*EXERCISE OBJECTIVE*. Tell me how many lines in the entries below contain the word "External"; reply with the number and nothing else.

*DATA LISTING*.
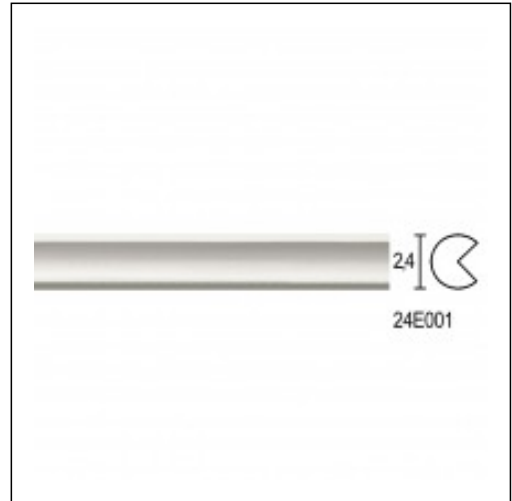

## Corners Linear / External Pacman

Cat.No. 24.E.001

External Corner

**Length:** 150 cm.

**Height:** 2.4 cm.
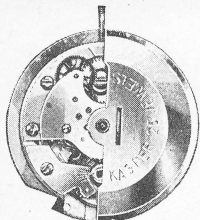

Kasper 1450,1451,1452 Movement Parts (1)

Compiled by EmmyWatch - <https://www.emmywatch.com>

Kasper 1450

11 1/2" SCD.

U 2941 W 2948 Zf Orig.

1150

1480

1482/1

1491

1496

1499

1500

Kasper 1451

11 1/2" SCD. CLD. (QG)

U 2941 W 2948 Zf Orig.

2542

2556

2575

2576

Automat.-Teile siehe Cal. 1450 (oben)

Kasper 1452

11 1/2" SCD. CLD. (QG)

U 2941 W 2948 Zf Orig.

1150

*THE COMPLETED TASK*. 2